As personagens do roteiro são inspiradas nos três sócios da I Play My City

As personagens do roteiro são inspiradas nos três sócios da I Play My City Ricardo Santo

 

Rita Pimenta

Dez mapas e um livro fazem de Explorar Lisboa um roteiro eficaz para as famílias partirem à descoberta da cidade. Numa lógica de peddy paper, os exploradores ficarão a conhecer ruas, jardins, recantos, artistas, escritores e muitas histórias. É aconselhável levar roupa e calçado confortáveis, um chapéu, uma garrafa de água, uma máquina fotográfica, um lápis e um caderno. Tudo a postos? Que comece a expedição. Primeiro destino: Belém O mapa que inaugura a visita a Lisboa propõe um circuito que durará cerca de três horas e fará com que a família exploradora percorra cinco quilómetros na zona de Belém, mas sem pressas. Ao desdobrar-se o mapa, logo se avisa que o grau de dificuldade é alto. Mas isso é para quem não estiver atento ao que vem descrito no Livro do Explorador, que pode ser lido antes de se começar esta prova pedestre ou ser consultado durante o passeio.

Depois da indicação “inicia o percurso na Rua de Belém, junto aos Pastéis de Belém”, vem o primeiro desafio: “Para poderes avançar, tens de dizer com que especiaria é que se comem estes famosos pastéis.” Há três hipóteses: “canela”, “erva-doce”, “pimenta”. De seguida, diz-se aos exploradores: “Segue em direcção ao Mosteiro dos Jerónimos e vira na segunda rua à direita, no Beco do Chão Salgado. Aqui encontras um padrão. Quantos anéis tem?”

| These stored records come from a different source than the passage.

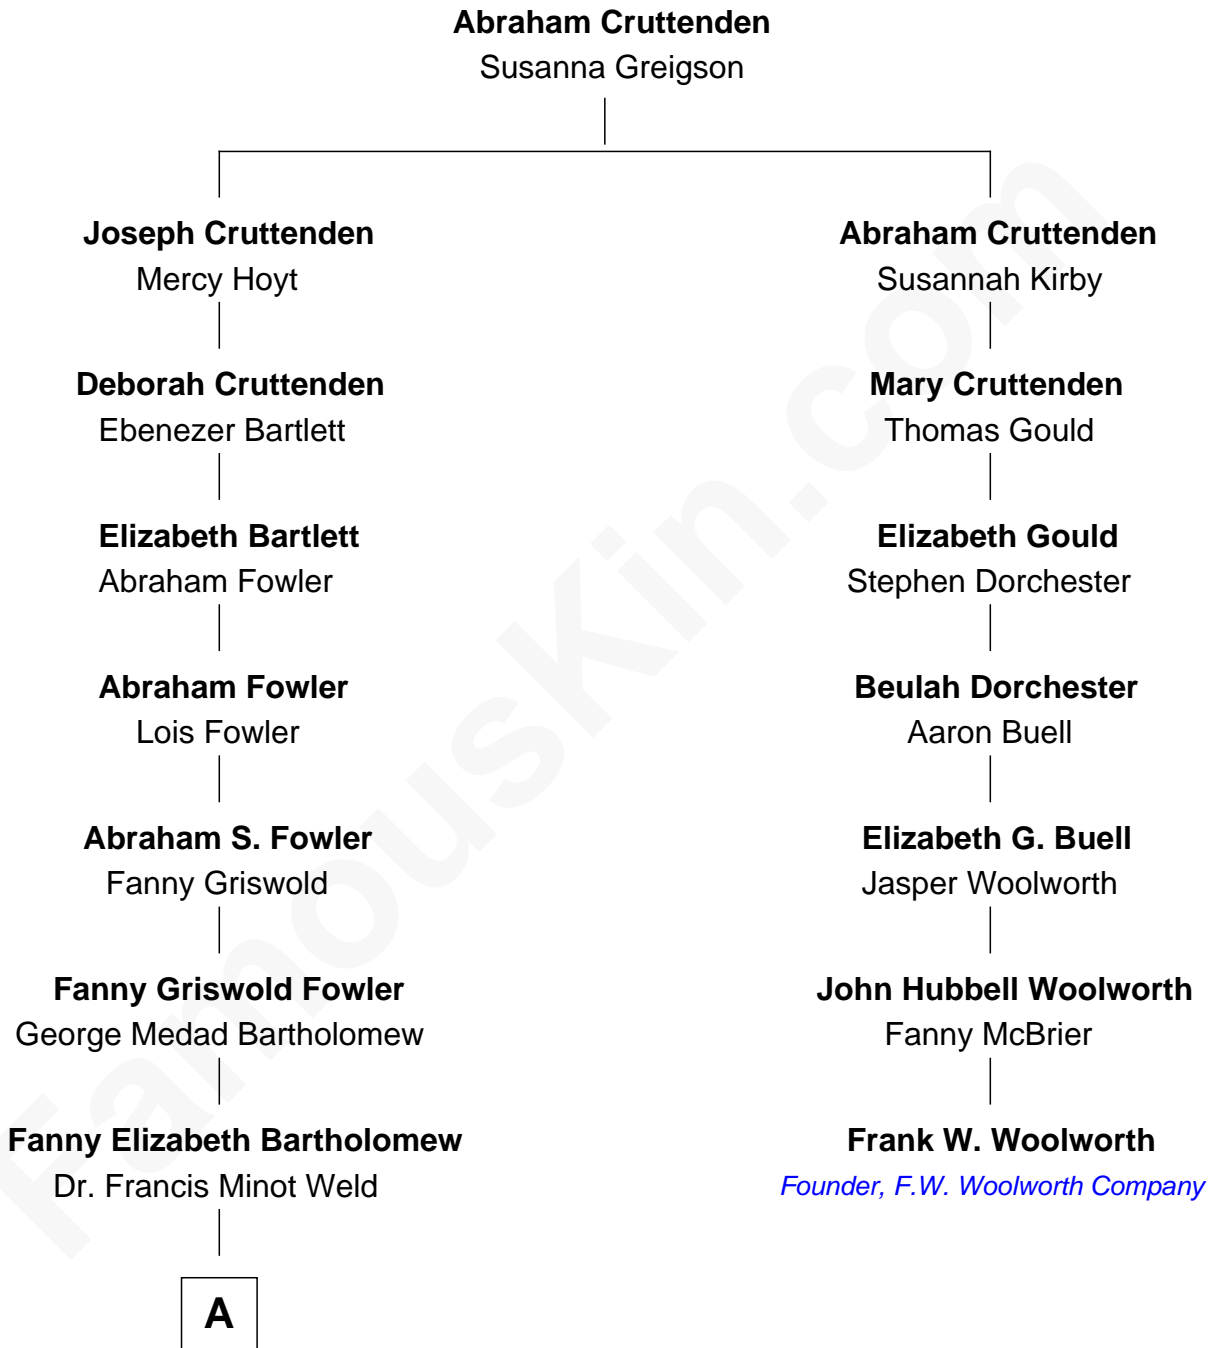

FamousKin.com

Relationship Chart of

Bill Weld

68th Governor of Massachusetts

6th cousin 3 times removed of

Frank W. Woolworth

Founder of F.W. Woolworth Company

A

—
Francis Minot Weld

Margaret Low White

—
David Weld

Mary Blake Nichols

—
Bill Weld

68th Governor of Massachusetts

Hão-de seguir-se perguntas sobre o significado das cores da bandeira de Portugal, sobre a nascente do Tejo ou o significado da expressão “velho do Restelo” e ainda um pedido para identificar uma constelação.

“A ideia de dar ferramentas aos miúdos para aprenderem sobre cidades já era antiga”, conta ao PÚBLICO Maria João Baeta, uma das responsáveis pelo projecto e que cuida da parte comercial. “A escolha do formato foi variando”, continua. “Pensámos em tapetes com carros, que atraem bastante os rapazes, mas, ao mesmo tempo, era muito ‘parado’ e tornava-se redutor para os adultos”, explica a ex-funcionária da Câmara de Lisboa e que actualmente é proprietária da loja de brinquedos Nas Nuvens, no Saldanha Residence.

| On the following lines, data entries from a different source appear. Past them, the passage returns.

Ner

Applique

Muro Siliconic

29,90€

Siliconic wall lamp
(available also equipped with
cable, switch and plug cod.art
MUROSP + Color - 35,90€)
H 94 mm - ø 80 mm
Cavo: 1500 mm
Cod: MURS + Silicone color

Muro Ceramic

Explorar Lisboa foi apresentado durante a Feira do Livro deste ano, no Parque Eduardo VII, e a equipa conseguiu vender perto de mil exemplares. “Para começar, foi muito bom”, diz Maria João Baeta. No entanto, para já, não consegue definir o perfil dos interessados. “Apareceram alguns avós que compraram o pack para os netos e também vários educadores que adquiriram o Explorar Lisboa para utilizarem nas suas creches e escolas”, descreve a comercial.

O que se tornou claro foi a ligação imediata dos miúdos às ilustrações, cujos protagonistas são três crianças inspiradas em retratos de infância dos sócios do projecto: a própria Maria João Baeta, a arquitecta Márcia Xavier e o publicitário Francisco Leite.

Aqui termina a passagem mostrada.